PROBLEM REQUIREMENTS: Copy all lines containing the string "constructie" from the records below.

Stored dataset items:
..........

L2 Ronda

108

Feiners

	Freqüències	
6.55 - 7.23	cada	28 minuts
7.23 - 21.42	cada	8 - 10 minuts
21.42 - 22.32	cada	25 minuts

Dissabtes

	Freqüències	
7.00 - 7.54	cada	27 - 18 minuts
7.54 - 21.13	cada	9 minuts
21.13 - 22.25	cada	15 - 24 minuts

..........

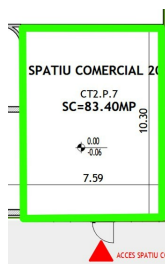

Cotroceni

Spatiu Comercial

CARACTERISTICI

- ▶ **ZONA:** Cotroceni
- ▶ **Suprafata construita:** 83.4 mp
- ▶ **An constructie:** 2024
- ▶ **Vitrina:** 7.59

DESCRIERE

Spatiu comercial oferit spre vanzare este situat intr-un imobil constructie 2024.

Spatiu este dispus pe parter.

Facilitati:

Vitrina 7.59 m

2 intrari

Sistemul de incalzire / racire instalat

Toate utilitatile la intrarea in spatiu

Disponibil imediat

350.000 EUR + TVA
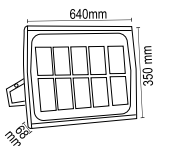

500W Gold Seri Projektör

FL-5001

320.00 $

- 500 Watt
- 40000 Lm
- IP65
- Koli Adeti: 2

..........

TASK SOLUTION:
- ▶ **An constructie:** 2024
Spatiu comercial oferit spre vanzare este situat intr-un imobil constructie 2024.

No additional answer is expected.